Two years ago, The Crimea’s single, ‘Baby Boom’ made number seven in John Peel’s Festive Fifty, out-placing the likes of the White Stripes and Yeah Yeah Yeah’s. In October, ‘Tragedy Rocks’, their first album, was finally released. So what on earth have they been doing with themselves all this time?
Touring. Endlessly. Or, as singer Davey Macmanus puts it, “mincing about in America on cub scouts camp.” He and drummer Owen Hopkin have served a long apprenticeship together, gaining a certain amount of notoriety as The Crocketts before that band was dropped and imploded in the early 2000s. This time, they’re “trying to do it right for once, instead of just continually fucking everything up.” A noble ambition. “Owen and I were doing crap jobs and living in shit places and had no education. The only thing we could do was music. We juts wanted to think about it for a while and do something that might give us a real chance.”
Despite positive responses to their first demos and support slots with such high profile fans as Kings Of Leon, the band were largely ignored by record companies in the UK. So they scooped together the last of their coppers and decamped to America, just to see if it was really the land of opportunity that people claim. Everything was staked on an appearance at the 2004 South By Southwest festival in Austin, Texas.

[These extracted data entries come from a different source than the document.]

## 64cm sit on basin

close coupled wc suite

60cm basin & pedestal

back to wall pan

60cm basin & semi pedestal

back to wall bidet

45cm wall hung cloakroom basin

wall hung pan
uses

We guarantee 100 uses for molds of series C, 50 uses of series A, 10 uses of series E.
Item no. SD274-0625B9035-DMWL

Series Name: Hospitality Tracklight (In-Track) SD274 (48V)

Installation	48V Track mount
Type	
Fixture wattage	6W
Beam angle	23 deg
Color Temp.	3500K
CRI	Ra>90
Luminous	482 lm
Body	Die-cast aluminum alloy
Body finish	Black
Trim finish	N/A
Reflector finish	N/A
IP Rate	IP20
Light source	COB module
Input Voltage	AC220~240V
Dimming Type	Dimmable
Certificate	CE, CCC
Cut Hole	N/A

Everything went wrong. Guitarist Andy Norton shudders as he recalls the disaster – all the gear broke down, the keyboards would only play peculiar sci-fi synth noises and then Davey tripped over and fell flat on his arse. “We thought we’d blown it,” he admits, lost for a second in the embarrassed horror. But like something out of that film where Chesney Hawkes becomes a pop star, their post gig gloom was shattered by ringing telephones. They had gone down well and salvation was theirs in the form of a major label deal, with only minor conditions – Davey getting his teeth fixed. They were able to draw the line at full styling: “Five grown men don’t like talking about their clothes. It’s like talking about a relationship or something.”

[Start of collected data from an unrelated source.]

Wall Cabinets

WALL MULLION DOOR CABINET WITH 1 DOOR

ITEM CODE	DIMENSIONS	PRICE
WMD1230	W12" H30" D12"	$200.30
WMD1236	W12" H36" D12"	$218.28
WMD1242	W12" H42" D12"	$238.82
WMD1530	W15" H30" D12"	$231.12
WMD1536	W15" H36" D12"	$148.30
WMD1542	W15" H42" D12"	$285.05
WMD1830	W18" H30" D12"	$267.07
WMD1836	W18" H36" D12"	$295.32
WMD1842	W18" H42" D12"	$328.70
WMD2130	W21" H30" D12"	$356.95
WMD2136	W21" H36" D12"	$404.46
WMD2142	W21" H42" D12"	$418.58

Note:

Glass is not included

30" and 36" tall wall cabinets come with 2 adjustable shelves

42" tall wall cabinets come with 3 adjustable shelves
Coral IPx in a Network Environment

Reticence in talking about relationships? From a man who is prepared to sing, “sometimes I think you could be more than just a punch bag with lipstick on.” But offstage, Davey Macmanus’ shaking intensity and serrated yelps are replaced by a quiet thoughtfulness. Though he remains as hard to pin down as the meandering black humour of his lyrics. So are these sordid vignettes from personal experience? “I’m a total liar, I try not to write from a personal point of view. I try to write stuff that anyone can understand. Though that sounds quite vain, like Noel Gallagher with, ‘Let There Be Love’, playing God. We’re trying to play the parrot on God’s shoulder going, ‘Oi! You’re shit!’ We’re playing the food in God’s beard.”

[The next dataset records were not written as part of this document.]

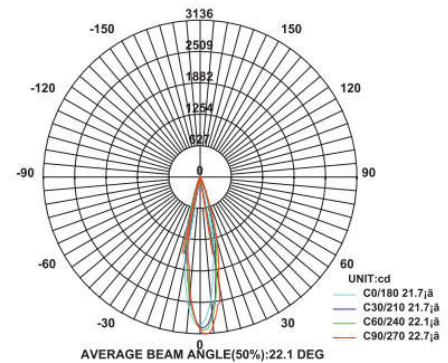

COB Down Light

Model: iLED 10 RDH COB 11 – DEEP DRAWN ADJ

PRODUCT DESCRIPTION

The recessed mount luminaire is made of aluminium and depending on the fixture size it is available in 10 W and 15 W. Universal power supply/drivers with input range of 90 V to 270 V AC 50/60 Hz and PF >0.96. It is ideal for hotel, showroom, home, office, theatres, auditorium, etc. *Different fixture colours available on request.*

SPECIFICATION

Material	: Ventilated aluminium cooling with polished reflector
Mounting	: Recessed mount
Power	: 10 W, 15 W
Voltage	: 90 – 270 V AC 50/60 Hz
Power Factor	: >0.96
LED colors	: White 6000-6400 K Neutral White 4000-4500 K Warm White 2700-3000 K
Lumen Flux	: 120-140 lm/W (lumen efficacy: 160 -180 lm)
Dimension	: D-95 X H-115 mm
Cut-out diameter	: 70 mm
Driver	: External
Operating Temp	: -40°C ~ + 70°C
CRI	: 85
IP Rating	: IP 20
Led used	: CREE ⇄
Dimmable Interface	: CASAMBI , Colour tunable (2700 K – 6000 K), DALI, Edge pulse/0/1-10 V dimming control (optional)

BEAM ANGLE

VARIANTS

MODEL	RATED POWER	DIMENSION
iLED 10 RDH COB 10 – DEEP DRAWN ADJ	10 W	D-95 X H-115 mm
iLED 10 RDH COB 11 – DEEP DRAWN ADJ	10 W	D-95 X H-115 mm
iLED 15 RDH COB 12 – DEEP DRAWN ADJ	15 W	D-95 X H-90 mm

We may recognise from this a graduate of the music industry’s school of hard knocks. Mr Macmanus is not a man who’s bursting to give himself away. He wants his dark tales of drunken rows and bleak disappointments to stand for themselves and is not about to start explaining them. But he rejects the idea that the low times that inspired the album have made him cynical. “It’s not cynicism,” he counters, “it’s reality, like the news or something. It does say life’s absolute shit and everyone’s a cunt, but have some fun along the way. Well it mentions that bit once. One percent of the lyrical content.” Stop for a moment and try to imagine these words coming out of Jon Snow’s mouth at the beginning of the Channel 4 News.
Such defensiveness may also be explained by the band’s return to Britain. They’re not ashamed of their ambition, “we’re definitely trying to realise the old dream. Every boy’s dream – to be in The Darkness,” though even that gets undercut with a joke. But he has clearly been apprehensive about the reception they would get on coming home. “I wasn’t sure what people would think of it in England. In America people love a bit of emotion. It draws them in. But in this country people are a bit more beard scratchy, or cynical.” Perhaps I shouldn’t have brought that word up. “But so far no one’s been cynical too badly – as in, ‘This is a lot of embarrassing emotional shit.’” In fact the reaction has been far better than that, packing venues on their first headline tour and getting positive reviews for the album.
His restless mind is already on the second album though. Not such a surprise when it’s taken so long for this one to come out. With Butch Vig being mentioned as a possible producer and a stack of new songs ready to work on, they even tried setting up a studio on the tour van to get demos recorded. “It’s just imperative that the second album shits on the first one.” After all those years of false starts you can’t blame their eagerness. This is a man whose drive seems to be one part work ethic and one part self-flagellation. As he says about playing gigs, “you feel like a right gaylord if you haven’t done your best. You have to feel like you’ve tried really hard.” Here I would love to waffle on about steely determination, but am unfortunately still laughing about the use of the expression ‘gaylord’.
Their pathological fear of scenes (“I don’t mind new bands, I just don’t like fashions, because I’ve seen so many go by.”) might prove a hindrance in competing with bands who are younger, better dressed and have sillier hair than them. But this is a band who are “not ashamed of a bit of pop”, and mixed with Macmanus’ twisted version of reality, maybe The Crimea can convert the world. Finally.